Following the heavily manipulated elections in 2003, in which pro-democracy parties lost nearly all of their seats, Russia’s Parliament, already largely loyal to the Kremlin since 2000, finally ceased to be an independent body. Then Speaker Boris Gryzlov famously declared it “not a place for discussions.” Unanimity was cemented with the removal of the last independent deputies in 2007: not only dissenting legislative initiatives, but even dissenting voices were no longer tolerated. In the last (and perhaps the most fraudulent) elections in December 2011, genuine opponents of Vladimir Putin were not even allowed on the ballot—which explains why the nominally “opposition” parties in the current Duma are backing key Kremlin initiatives (such as the recent law directed against NGOs).
Yet, as tens of thousands of people went to the streets to protest election fraud in what became Russia’s largest pro-democracy rallies in two decades, a handful of Duma members responded to the changed public mood and openly broke with the Kremlin. Gennady Gudkov, Dmitri Gudkov (his son), and Ilya Ponomarev—all of them from the otherwise docile A Just Russia party—regularly participate in street rallies, sport white ribbons (the symbol of the protest movement) at Duma sessions, and use the parliamentary rostrum to call members of Putin’s United Russia party by their popular nickname: “crooks and thieves.”
Last month, rebel deputies staged Russia’s first-ever parliamentary filibuster, tabling hundreds of (intentionally absurd) amendments to the infamous law on public rallies, and forcing the chamber to debate it for eleven straight hours. “Of course people such as Ilya Ponomarev and the Gudkovs, who bring a dissonance to the Duma … are considered a foreign element,” says Lilia Shevtsova, a leading political analyst at the Carnegie Moscow Center. “After the Duma, on the Kremlin’s instructions, annulled constitutional protections for the freedom of assembly and freedom of speech, it would be strange for the Duma to tolerate maverick deputies [in its own ranks].”
It seems they will not be tolerated much longer. When the lower house returns from its summer vacation in September, one of the first topics on the agenda will be a bill which would allow the Duma to expel any member for “ethics violations” without even a formal court order. The Kremlin, not surprisingly, is backing the idea. Among the proposed reasons for expulsion are “inappropriate statements which discredit Parliament or are directed against the state.” It is not difficult to guess which legislators will be the first to lose their seats.

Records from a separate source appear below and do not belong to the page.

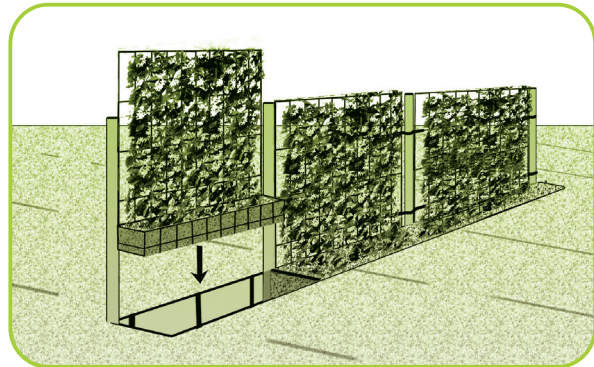

יחידת
גן גדר
לשיווק גם
באדנית עץ,
למשטחים
מרוצפים

גן גזדה™ - הפתרון המושלם

חידוש מהפכני בתחום הגינון הורטיקאלי. גדר חיה מיידית, הפתרון המושלם לדרישות הפרדה, הסתרה ומתן פרטיות. מיושמת באירופה בהצלחה רבה ועכשיו גם בארץ. גדר מתכת מגולוונת מונעת חדירת בני אדם ובעלי חיים. הצמחים מכסים את הגדר במלואה ויחד מספקים מענה עכשוי של בטחון ופרטיות מייד עם הביצוע. מהפכת הדשא המוכן עוברת לגדר החיה המוכנה. אפשרויות היישום הרבות מבטיחות שימוש כמעט בכל מקום, גינות, מרפסות, גינות גג, יצירת "חדרים", כיסוי חומות, קירות ומפגעים שונים. גם גידור בטיחותי וגם שמירה על סביבה ירוקה, אקולוגית וידידותית.

8:00 בבוקר

10:00 בבוקר

12:00 בצהריים

גן גזדה™ - יתרונות

פרטיות מיידית בעזרת מספר סוגי צמחים. בטחון מידי בעזרת גדר מתכת מגולוונת בעובי 5 מ"מ. פתרון מהיר, קל ופשוט לביצוע. אלטרנטיבה כלכלית מצויינת מול פתרונות אחרים. גן גדר דורשת רמת אחזקה נמוכה. גן גדר מאפשרת ניצול מירבי של המרחב הפנימי. שתילת גן גדר באדניות מאפשרת יצירת "גדר חיה" גם במשטחים מרוצפים, גינות גג, מדרכות, גני אירועים ועוד.

גן גזדה™ - השיטה

גן גדר היא גדר חיה מוכנה המורכבת מרשת מתכת מגולוונת בעובי 5 מ"מ, מכוסה כולה בצמחיה מסוגים שונים. הגדר מקופלת בחלקה התחתון על מנת ליצור "אדנית" המדופנת ביריעת קוקוס מתכלה ומלאה במצע שתילה מיוחד. בתוך האדנית שתולים מספר רב של שתילים המשתרשים בקרקע במשך הזמן ויוצרים כיסוי מלא. גן גדר מיוצרת ברוחב אחיד של 1 מ' ובגבהים של עד 1.8 מ'. גן גדר מיוצרת ומשווקת ע"י משתלת נמפיאה מהגדולות והאיכותיות בארץ ומשווקת בנוסף למגוון העצום של צמחי גן.

גן גזדה™ - 3 במחיר 1

- 1 גדר בטיחות - גדר מתכת איכותית.
- 2 גדר ירוקה - גדר חיה מוכנה
- 3 זמן - הגידול עלינו, הגדר שלכם מוכנה ועכשיו.
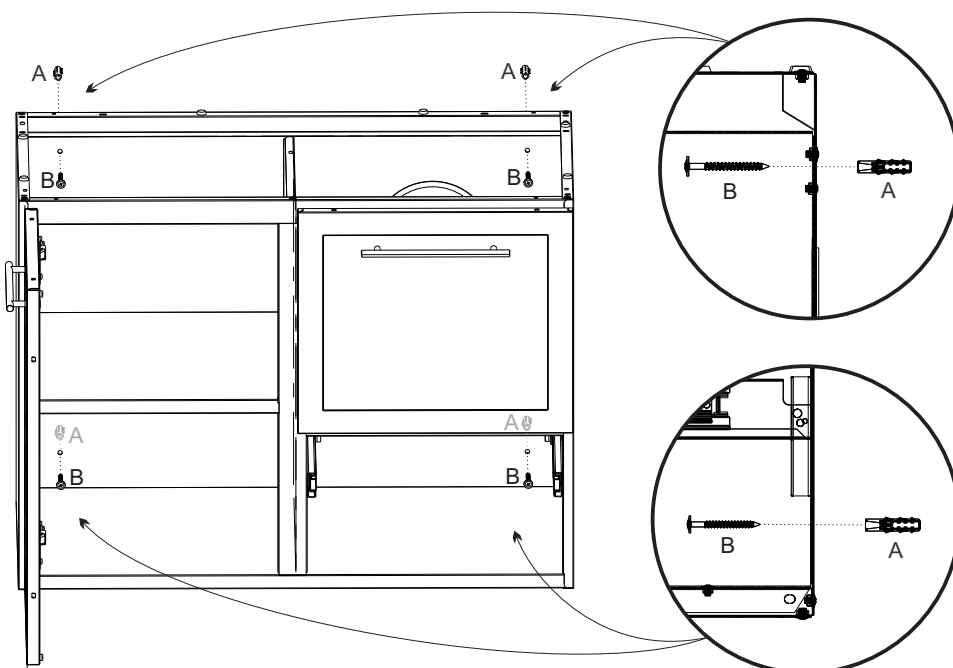

2095

0224

Toucador
Mueble para Baño
Bathroom cabinet
**JAMBO
PRETO**

A	5/16 8mm	x4	E	M4x30mm	x6
B	3/16 x 1" 31/32 5x50mm	x4	F	1/2 x 5/32" 13x4mm	x6
C		x3	G	6" 152mm	x1
D	23/32" 18.5mm	x6			

*Peso distribuído sobre a superfície

*Peso distribuído sobre la superficie

*Weight distributed over the surface

10Kg = 22Lb
05Kg = 11Lb
03Kg = 06Lb

01

C		x3
D		x6
E		x6
F		x6
G		x1

02

A		x4
B		x4

ATENÇÃO

Not that it matters too much. Few analysts believe that the current Duma, widely viewed as illegitimate and unrepresentative, will serve out its full term until 2016. If, as recently predicted by the pro-Kremlin Center for Strategic Research, rising public discontent forces the regime to hold early elections, they will likely result in a Parliament that will be not just a place for discussions, but—for the first time in more than a decade—a place for legislating.